Contudo, ainda que houvesse tal regularidade, do ponto de vista prático, a quitação de fato ocorria em torno de 18 meses depois da última atualização do débito, em virtude, justamente, da norma constitucional acima citada. Desta forma, face à voracidade da inflação à época, esses pagamentos representavam valores ínfimos que não condiziam com o real montante da dívida, obrigando os credores à formação de precatório complementar, além de não causar impacto nas finanças do Estado.
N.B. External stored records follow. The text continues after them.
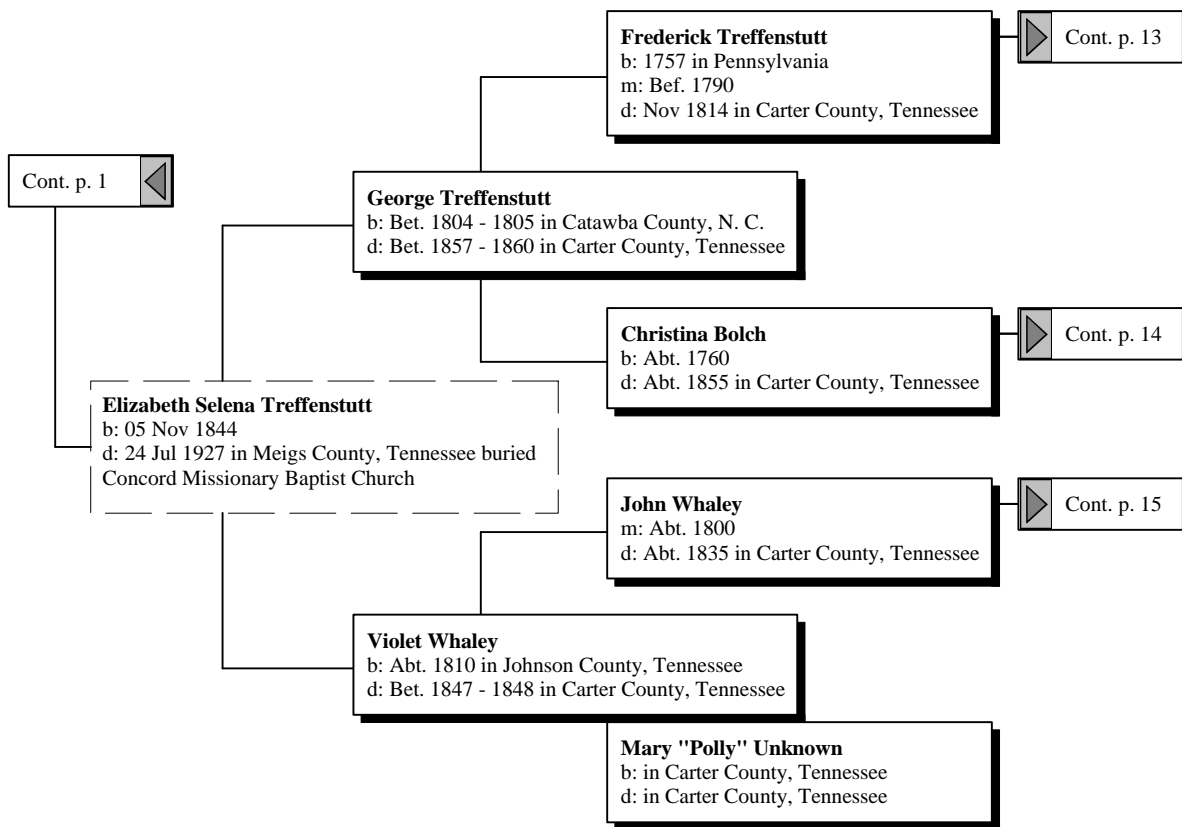

Ancestors of James Ronald Thompson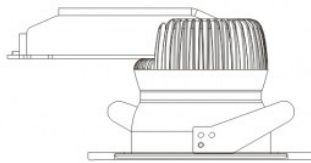

10W LED Downlight

CREE 1x10W, 230V

Catalogue price 75,06 EUR net

Colors  75,06 EUR  75,06 EUR

Luminaire based Downlight 10 watt CREE LED. Bindings are characteristic of small size and powerful light. Diameter of 9.5 cm frame. Available versions 30 and 60 degrees.

Revolution-Tech, ul. Gliwicka 234, 40-860 Katowice, tel. +48 32 750 17 30, fax +48 32 750 17 41
www.revolution-tech.com, info@revolution-tech.com

Specifications

LED quantity	1 pc
LED type	10W
LED manufacturer / country	CREE / USA
The average lifetime of LEDs	100,000 h
Waterproof	not
IP protection	IP20
Housing	plastic + metal
Net dimensions	9.5 / 15.0 / 9.0 cm
Gross weight	0.6 kg
Net weight	0.5 kg
Warranty	24 mths

	WW	CW
Voltage	230 V	230 V
Current	AC	AC
Power consumption	11.5 W	11.5 W
Luminous flux	450 lm	530 lm
Light angle	60 °	60 °
Color temperature	3,000 K	6,000 K

Num cenário de inflação elevada ficava evidente o prejuízo dos credores. Além disso, pagando dessa forma, o Estado não tinha noção real da dívida no momento de sua quitação.
Com a implantação do Plano Real, em junho de 1994, e o controle da inflação, os precatórios emitidos já não sofriam corrosão de seus valores. Assim, o Estado mensurou o valor real de sua dívida e chegou a uma triste conclusão: não era mais viável o pagamento de seus precatórios sem que houvesse prejuízos em seus projetos prioritários, pois o impacto nas finanças seria considerável.
Foi neste momento que o Estado optou por revisar os cálculos e implementar uma ampla auditoria nos pagamentos a serem efetuados. Realizada a auditoria, constatou-se que havia inúmeras irregularidades nas contas, o que gerou um desafio: corrigir tais erros encontrados nos processos, embora eles já se encontrassem em fase de precatório, ou seja, de imediato pagamento.
A estratégia inicial apresentada pelo Estado foi apresentar impugnações aos cálculos dirigidas ao Vice-presidente do TRT Mineiro, visando à correção de erros existentes, ao argumento de que a res judicata não estava sendo observada.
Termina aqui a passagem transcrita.